But then locating their evil camp close to a built-up area could have been a strategy to evade detection. Who would have imagined that some people could have been so brazen as to run a slave camp literally under the nose of other city dwellers? The culture of impunity that has permeated every aspect of the Nigerian society would remain with us for a long time to come. Politicians and other state officials are merciless in their looting of the treasury. They amass wealth without fear of discovery even as their ostentatious and extravagant lifestyle seems to mock the relevance of the many anti-corruption agencies that populate our country, daring them to discover the source of their stolen wealth if they could.
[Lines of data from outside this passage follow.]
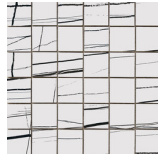

**SAHARA WHITE PULIDO GRANILLA
60X120 RC**
G.155 | Premium polished | Neutral Body
Rectified.

60x120 SI Rc / 24"x48"

SAHARA NOIR MATE 60x120 SL RC
G.88 | MATT | Coloured body
Rectified.

SAHARA WHITE MATE 60x120 SL RC
G.88 | MATT | Coloured body
Rectified.

32,5x22,5 /

**SAHARA HEXAGON AMPLE PULIDO
GRANILLA 32,5x22,5**
SP2046 | Premium polished |

**SAHARA HEX AMPLE WHITE PULIDO
32,5x22,5**
SP2046 | Polished |

30x30 / 12"x12"

SAHARA MOSAICO NOIR MATE 30x30
SP2037 | MATT |

SAHARA MOSAICO NOIR MATE 30x30
SP2037 | MATT |

**SAHARA MOSAICO WHITE MATE
30x30**
SP2037 | MATT |

**SAHARA MOSAICO NOIR PULIDO
GRANILLA 30X30**
SP2037 | Premium polished |

**SAHARA MOSAICO WHITE PULIDO
GRANILLA 30X30**
SP2037 | Premium polished |

26x27 / 11"x11"

**SAHARA HEXAGON NOIR PULIDO
GRANILLA 26X27**
SP2054 | Premium polished |

SAHARA HEXAGON NOIR MATE 26X27
SP2051 | MATT |

**SAHARA HEXAGON WHITE PULIDO
26X27**
SP2051 | Polished |

Technical Step

Armed robbers are no less brazen: they serve their victims advanced notice of their visit and take their time to rob as freely as they could and rape as many as suits their fancy. And the ritual killers? They pick their victims in broad daylight, push them into vehicles and carry them away in the presence of eager onlookers without anyone asking questions. Since certain categories of Nigerians such as security men are thought to be above the law, they can do as they please in public. They can arrest or shoot other citizens at will.
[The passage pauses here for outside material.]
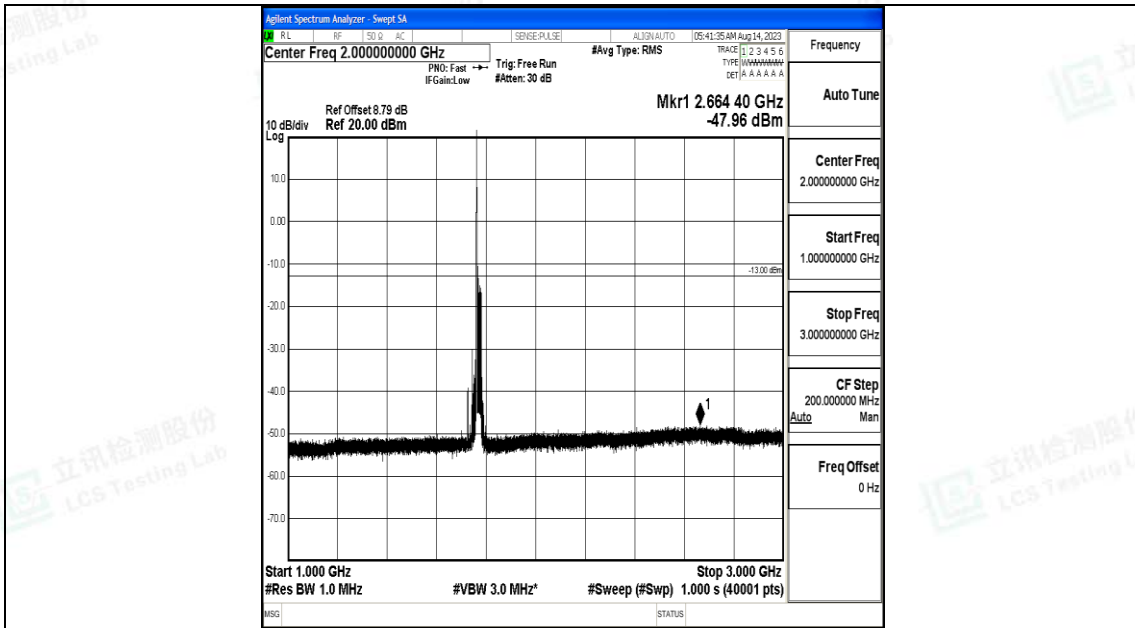

Band66_20MHz_16QAM_132572_1RB#0_30~1000_30~1000

Band66_20MHz_16QAM_132572_1RB#0_1000~3000_1000~3000

Ritualists disguised as law enforcers have now obviously bought into this trick and now carry people into slavery and keep them for months or years without anyone being wiser. This was how some found themselves at the Ibadan slave camp. For many years, Ibadan appeared to live up to its reputation and origin as a former war camp. It was volatile and violence-prone. Even as the regional capital of western Nigeria, violence was not far from Ibadan. But it was a relatively peaceful place, a melting pot of various Yoruba groups as well as Nigerians from other parts of the country. When politicians have allowed it, Ibadan has been quiet. But the sprawling nature of Ibadan with its huge population of uneducated youths made it a favourite recruitment spot for politicians interested in disrupting the peace of the city that combines modernity with unbelievable rusticity in many parts.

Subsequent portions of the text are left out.